Because it’s intolerable to be on his own, he goes down to the kitchen and mooches about there. Nick’s still not back, his grandad’s ill or something. For the millionth time, Mum says, ‘Why don’t you go out and play?’ And for the millionth time he opens his mouth to say, ‘We don’t “ play ”.’ Only there is no ‘we’. He closes his mouth, and revolves round the kitchen, turning round and round along the wall, dislodging spoons and skewers and fish slices as he whirls. He knows he’s doing it, he knows it’s terrible, he can’t stop. He revolves up the stairs and through the hall till he gets to the front door, where he stops, breathless and dizzy. Mum’s followed him, but she just stands there looking angry and frightened, so he has to go out just to spite her.

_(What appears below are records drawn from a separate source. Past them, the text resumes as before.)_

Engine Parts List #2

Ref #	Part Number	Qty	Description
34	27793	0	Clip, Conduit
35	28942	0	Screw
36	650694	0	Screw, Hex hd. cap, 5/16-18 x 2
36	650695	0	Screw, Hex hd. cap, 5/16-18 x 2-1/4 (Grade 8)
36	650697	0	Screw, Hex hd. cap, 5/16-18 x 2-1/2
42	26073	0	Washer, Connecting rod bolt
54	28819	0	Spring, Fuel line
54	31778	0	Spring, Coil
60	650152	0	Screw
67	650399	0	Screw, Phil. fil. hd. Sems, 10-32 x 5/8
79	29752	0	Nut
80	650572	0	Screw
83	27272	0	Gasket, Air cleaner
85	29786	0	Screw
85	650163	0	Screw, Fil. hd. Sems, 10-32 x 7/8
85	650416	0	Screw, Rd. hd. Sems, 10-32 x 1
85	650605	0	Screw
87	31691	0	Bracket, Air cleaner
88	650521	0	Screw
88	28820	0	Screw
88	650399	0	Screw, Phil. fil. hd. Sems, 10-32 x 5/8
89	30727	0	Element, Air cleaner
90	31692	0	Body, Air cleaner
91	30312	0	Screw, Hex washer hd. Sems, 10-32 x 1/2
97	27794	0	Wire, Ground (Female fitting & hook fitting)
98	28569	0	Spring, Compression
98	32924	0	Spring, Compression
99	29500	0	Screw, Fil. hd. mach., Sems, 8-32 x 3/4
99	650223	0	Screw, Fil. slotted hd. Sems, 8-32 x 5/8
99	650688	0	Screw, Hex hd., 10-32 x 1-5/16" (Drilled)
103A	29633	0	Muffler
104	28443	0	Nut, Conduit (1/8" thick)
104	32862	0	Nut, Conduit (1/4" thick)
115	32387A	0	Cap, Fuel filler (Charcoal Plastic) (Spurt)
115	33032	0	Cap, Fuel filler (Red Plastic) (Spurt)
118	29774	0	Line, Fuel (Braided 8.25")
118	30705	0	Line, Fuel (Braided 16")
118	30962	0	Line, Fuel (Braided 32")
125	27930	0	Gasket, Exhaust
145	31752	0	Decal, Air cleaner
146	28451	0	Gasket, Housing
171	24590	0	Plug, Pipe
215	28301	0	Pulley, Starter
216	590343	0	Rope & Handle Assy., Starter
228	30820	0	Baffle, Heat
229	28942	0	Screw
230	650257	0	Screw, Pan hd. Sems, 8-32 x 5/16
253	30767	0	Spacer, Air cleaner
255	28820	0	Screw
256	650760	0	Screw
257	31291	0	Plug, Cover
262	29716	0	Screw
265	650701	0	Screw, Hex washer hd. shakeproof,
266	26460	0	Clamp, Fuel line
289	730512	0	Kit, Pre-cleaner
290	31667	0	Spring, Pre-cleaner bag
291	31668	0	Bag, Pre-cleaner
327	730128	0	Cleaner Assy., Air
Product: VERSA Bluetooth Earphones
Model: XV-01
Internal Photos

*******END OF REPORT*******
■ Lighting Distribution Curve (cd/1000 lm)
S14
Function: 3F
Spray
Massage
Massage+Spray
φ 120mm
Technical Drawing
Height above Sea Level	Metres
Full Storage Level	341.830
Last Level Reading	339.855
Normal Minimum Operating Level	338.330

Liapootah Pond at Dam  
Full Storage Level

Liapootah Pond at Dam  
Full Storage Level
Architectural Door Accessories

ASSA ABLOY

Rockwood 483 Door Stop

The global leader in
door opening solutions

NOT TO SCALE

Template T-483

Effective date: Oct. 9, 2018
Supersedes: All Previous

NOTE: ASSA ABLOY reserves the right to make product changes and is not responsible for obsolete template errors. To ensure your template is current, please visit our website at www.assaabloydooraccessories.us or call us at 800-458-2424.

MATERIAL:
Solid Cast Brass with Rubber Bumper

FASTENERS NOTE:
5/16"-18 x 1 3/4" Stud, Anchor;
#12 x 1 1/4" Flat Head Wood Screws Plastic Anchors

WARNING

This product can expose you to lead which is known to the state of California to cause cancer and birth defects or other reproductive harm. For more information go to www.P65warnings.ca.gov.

He decides to go to the school, and makes himself run all the way there. It’s raining, it’s been raining all night, part of the running track outside the school’s flooded. The drive must be a mile long, it’s much longer than it looked from the car, and eleven days from now he’s going to have to walk up it. With two tanks on his feet.

Gripping the railings, he feels trickles of wet run down his wrists and under his sleeves. When he takes his hands away his palms are crossed by broad pink bands with white ridges on either side. He splits a flake of rust with his thumbnail. ‘You’re getting it out of proportion,’ Mum says. ‘You’ll enjoy it once you’re there.’